Give the data again exactly as it appears, excluding any pictures.

◆ DATASET EXCERPT:
★ ★ ★ ★ ★ ★ ★

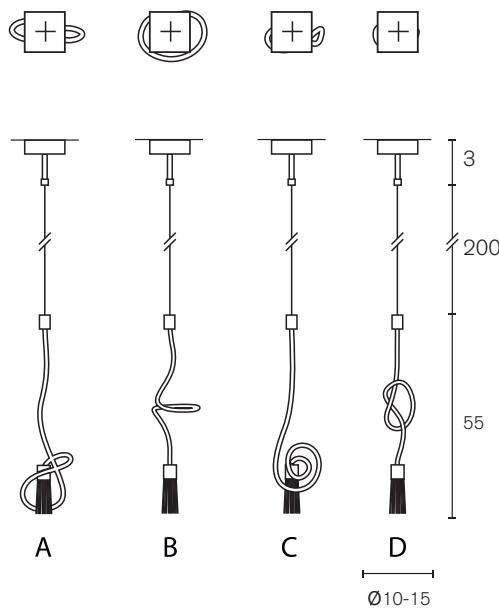

Element

Art.nr.	Dimensions	Light bulb	Weight	Finish	Price
55SOSST	Ø15xH.55 cm	1x E14	2,0 kg	stainless steel	€ 1.450
55SOSGSF	Ø15xH.55 cm	1x E14	2,0 kg	gold satin finish	€ 1.600

★ ★ ★ ★ ★ ★ ★

◆ ANSWER BELOW:
Element

Art.nr.	Dimensions	Light bulb	Weight	Finish	Price
55SOSST	Ø15xH.55 cm	1x E14	2,0 kg	stainless steel	€ 1.450
55SOSGSF	Ø15xH.55 cm	1x E14	2,0 kg	gold satin finish	€ 1.600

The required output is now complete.